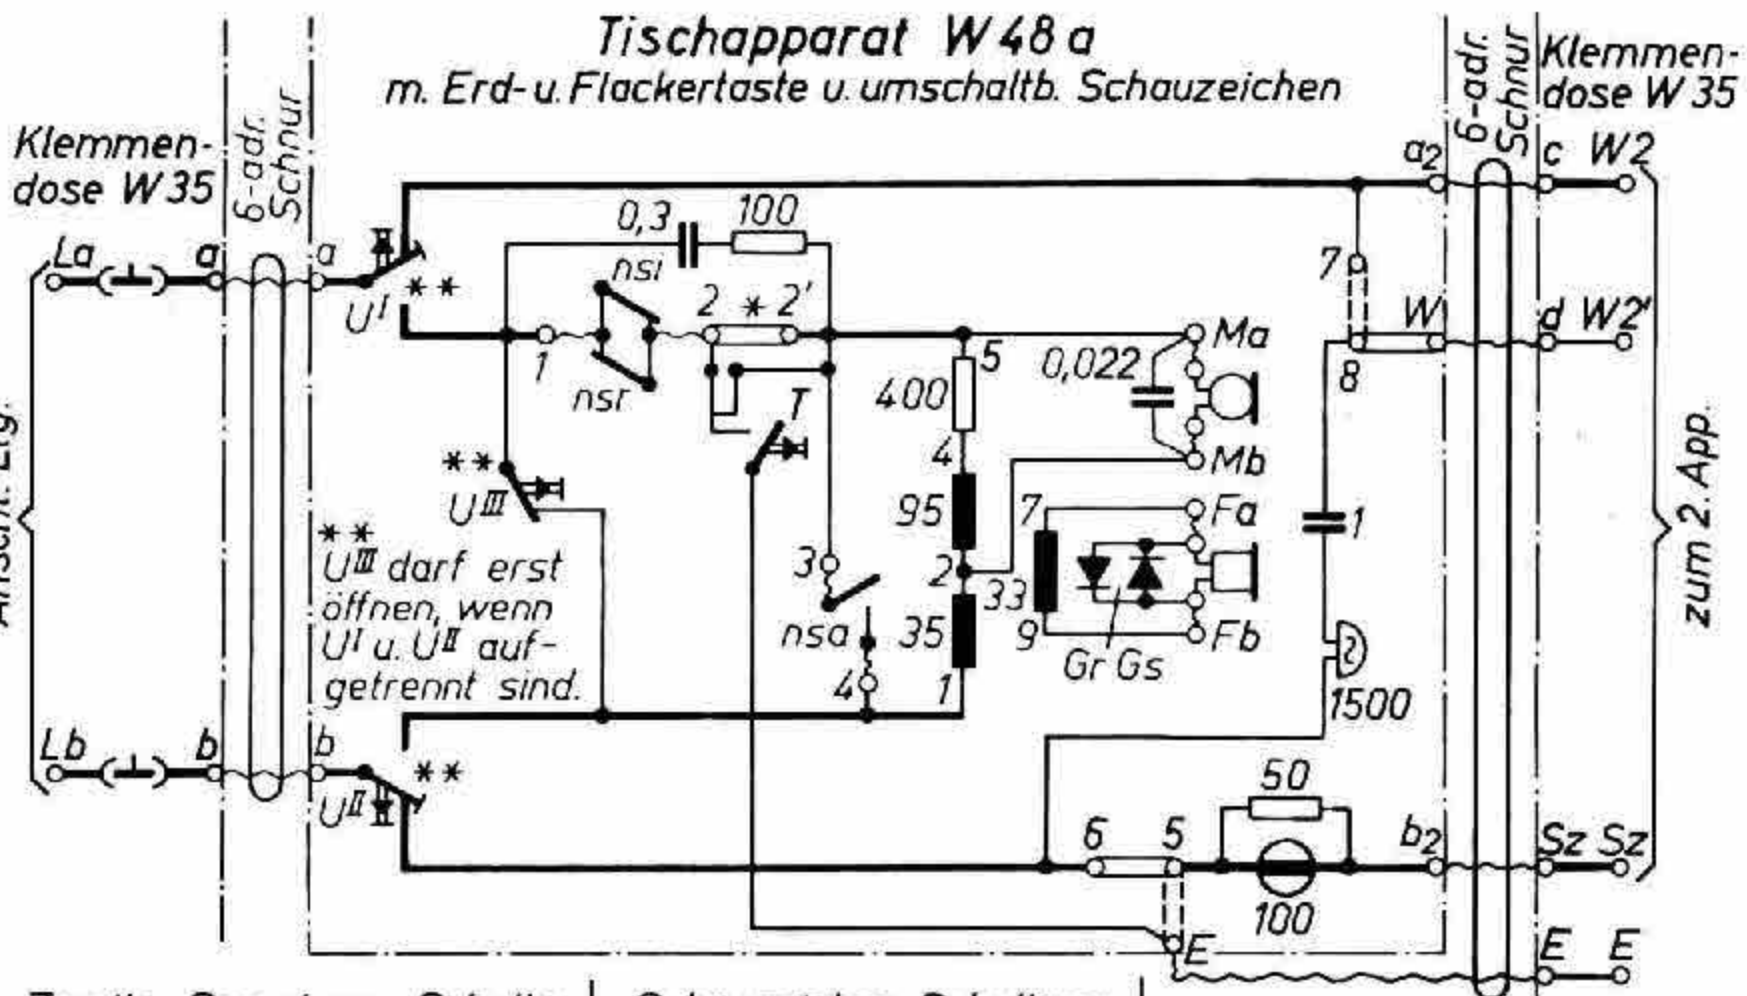

mit Erd- und Flackertaste und umschaltbarem Schauzeichen
FTZ 121 256 51 SZ Ausg. 6

Tischapparat W 48a
 Anschl. Ltg.

Tischapparat W 48a
 m. Erd- u. Flackertaste u. umschaltb. Schauzeichen

Zweite-Sprechapp.-Schaltg.

Schauzeichen-Schaltung

*) Verbindung 2-2' trennen, wenn bei Tastendruck die Verbindung zwisch. a u. b unterbrochen werden soll.

zum 2. App.
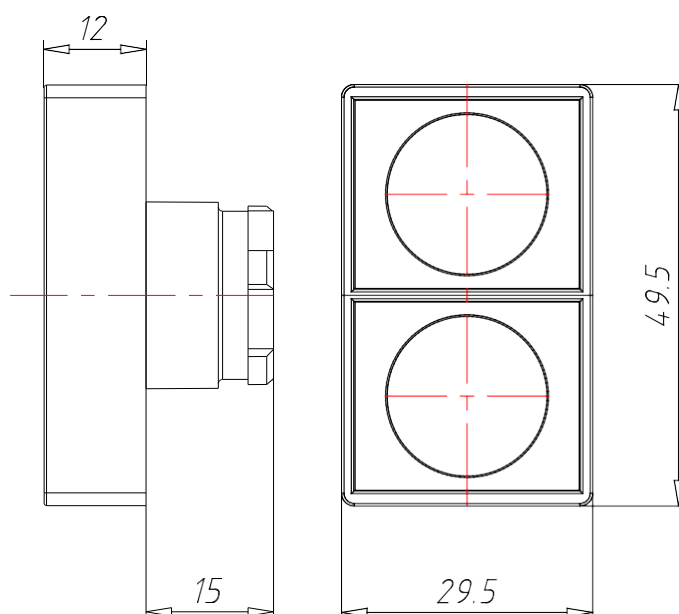

КНОПКА ВРІВЕНЬ ПОДВІЙНА «СТАРТ-СТОП» БЕЗ ФІКСАЦІЇ ВИСТУПАЮЧА КНОПКА «СТОП»

АРТИКУЛ:
ЕСХ 1154

ТЕХНІЧНІ ХАРАКТЕРИСТИКИ:

Артикул	ЕСХ 1154
Опис	Кнопка врівень подвійна «Старт-Стоп» виступаюча кнопка «Стоп»
Матеріал корпусу	Хромований Zamak (цинк-алюміній-мідь-магній сплав)
Колір	Зелений/Виступаючий червоний
Підсвічування	Немає
Функціональність	Без фіксації
Зовнішній діаметр [мм]	49
Ступінь захисту IP	40
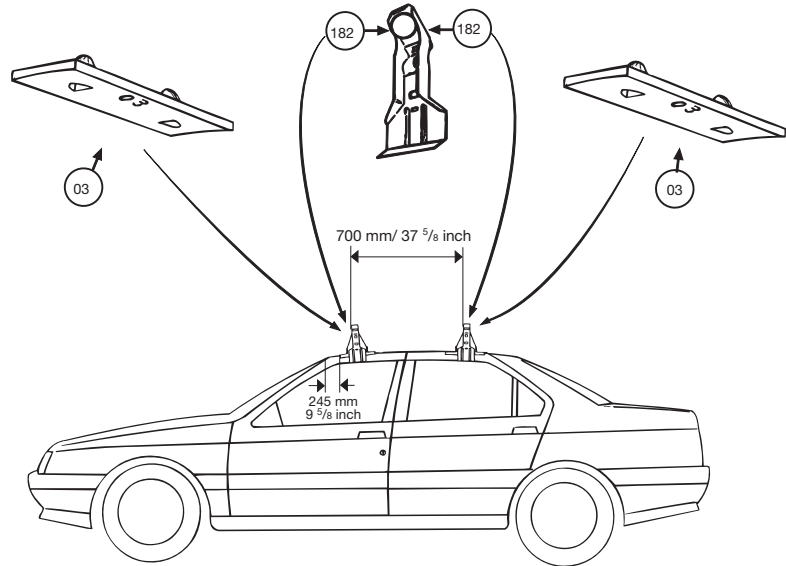

# Thule System Kit 172

ALFA ROMEO 155

214\*4EF/501-0172
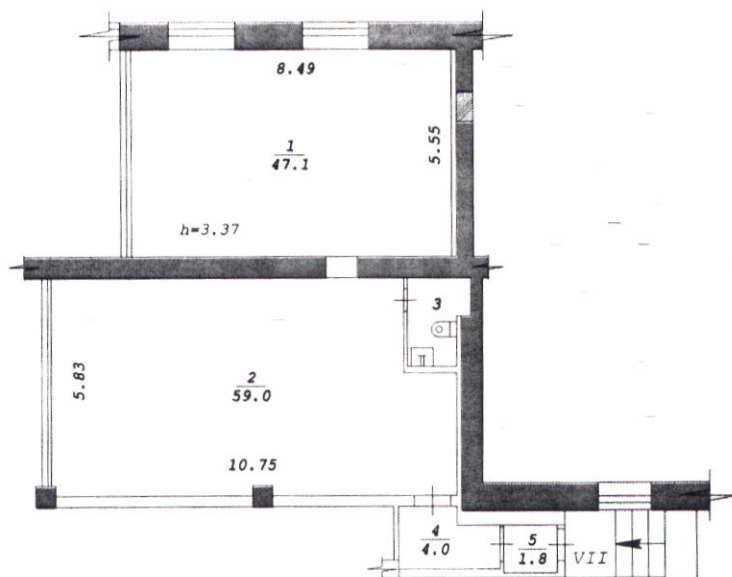

2. План расположения помещения на этаже

Масштаб 1:_____

Начальник _____

(подпись)

Рыбалко Т.Т.
(инициалы, фамилия)

Фрагмент плана 1 этажа

Новосибирский филиал
ФГУП "Ростехинвентаризация - Федеральное БТИ"

Лист
№ 1

M1:200

Позэтажный план

1 этажа

Дата	Исполнитель	Ф.И.О.
28.07.11	Инженер	Цибаева Л.А.
	Вед. спец.	Королев А.В.
	Нач. отдела	Рыбалко Т.Т.
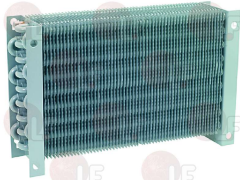

ELECTROLUX 082231

**3123907 EVAPORATOR D4151 315x125x105 mm**  
for Refrigerated cupboard (ZANUSSI) ILNN220  
ILN110 - ILP110 - ILP120

ELECTROLUX 082211

Suitable for:

**3068902** **EVAPORATOR D4241 395x250x100 mm**  
for Refrigerated table (ZANUSSI)
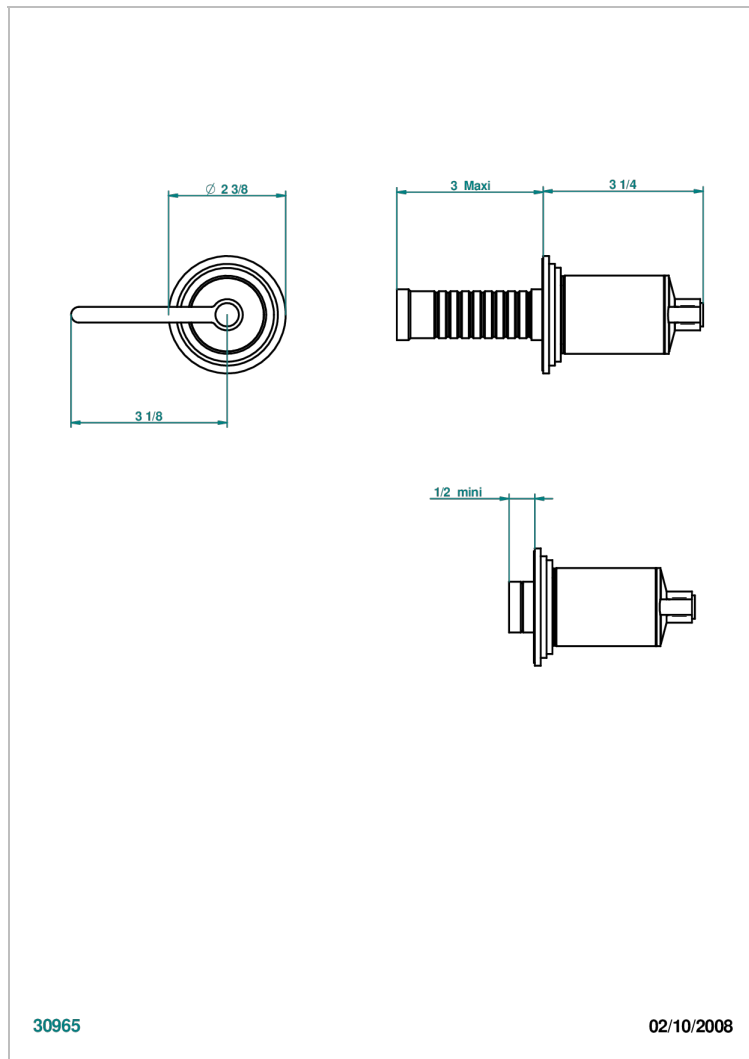

# FAUBOURG - БЕЛЫЙ ФАРФОР - С РУКОЯТКАМИ

G2J-30B/N

Маховик для встраиваемого в стену вентиля без маркировки

THG<sup>®</sup>  
PARIS

30965

02/10/2008

## ХАРАКТЕРИСТИКИ

- Faubourg - белый фарфор - с ручьятками
- Маховик для встраиваемого в стену вентиля без маркировки

## СВЯЗАННЫЕ ТОВАРНЫЕ ПОЗИЦИИ

- Ref. G00-30/CA Корпус вентиля 1/2" встраиваемый в стену для холодной воды
- Ref. G00-32/CA Корпус вентиля 3/4" встраиваемый в стену для холодной воды
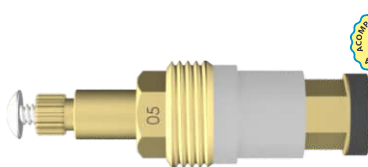

010703
TORNEIRA
KELLY

Eixo Longo
Estria: Kelly (Docol)
Rosca: N° 05
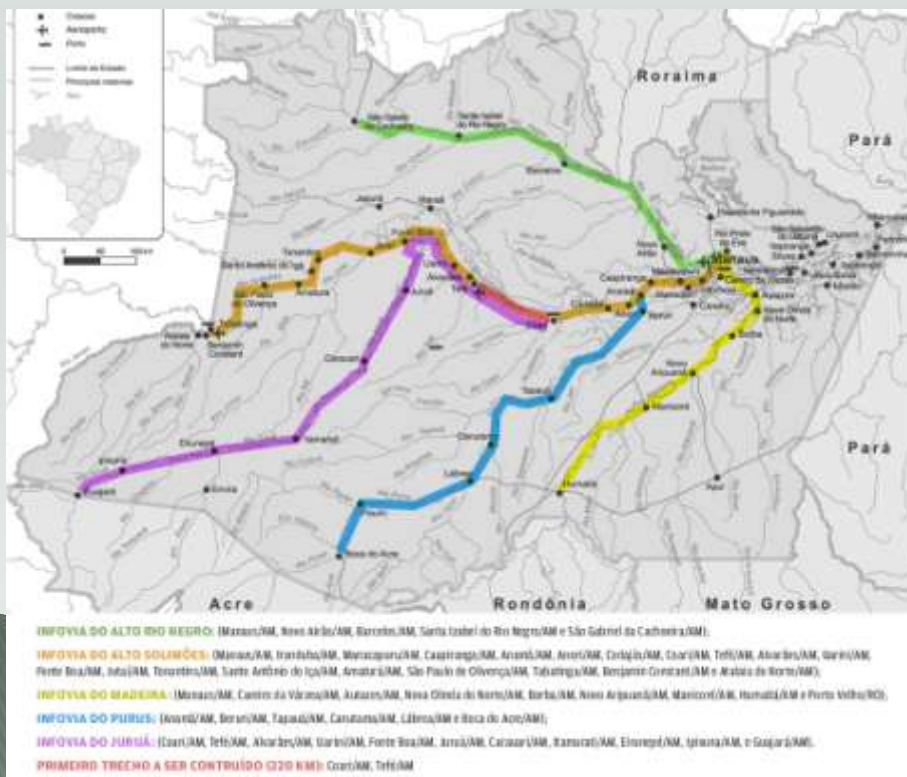

An aerial photograph of a tropical landscape, likely the Amazon basin. A wide, winding river flows through a lush green forest. In the foreground, a person is visible on a small boat on the river. The background shows a mix of green forest and yellowish-brown cleared land, possibly for agriculture or mining. The overall scene is vibrant and natural.

Инфраструктурные мега-проекты в Амазонии

«Связь в Амазонии» (Amazônia Conectada)

- Межведомственная программа по прокладке супермагистрали оптического волокна протяженностью более 7000 км по дну рек бассейна Амазонки.
- Перспективы для развития таких направлений, как освоение новых месторождений нефти и газа, улучшение условий жизни местного населения (образование, здравоохранение, телемедицина и проч.)
- Новый уровень оперативности армии, пожарных и полиции при обеспечении безопасности и коммуникации между силовыми структурами.

Трансамазонская магистраль

- Программа находится в стадии развития с 1972 г.
- Протяженность: 4.000-5.000 км
- Последствия - массовая дефорестация, эрозия почв, подрыв экосистем, провалившаяся программа переселения (250 акров на семью)
- Новый этап проекта – трансамазонская железная дорога, инвестируемая КНР

--

Nothing but the lines from the one with "- Программа находится" through the end of the data above should be reproduced, each exactly, both ends included.

### Expected output
- Программа находится в стадии развития с 1972 г.
- Протяженность: 4.000-5.000 км
- Последствия - массовая дефорестация, эрозия почв, подрыв экосистем, провалившаяся программа переселения (250 акров на семью)
- Новый этап проекта – трансамазонская железная дорога, инвестируемая КНР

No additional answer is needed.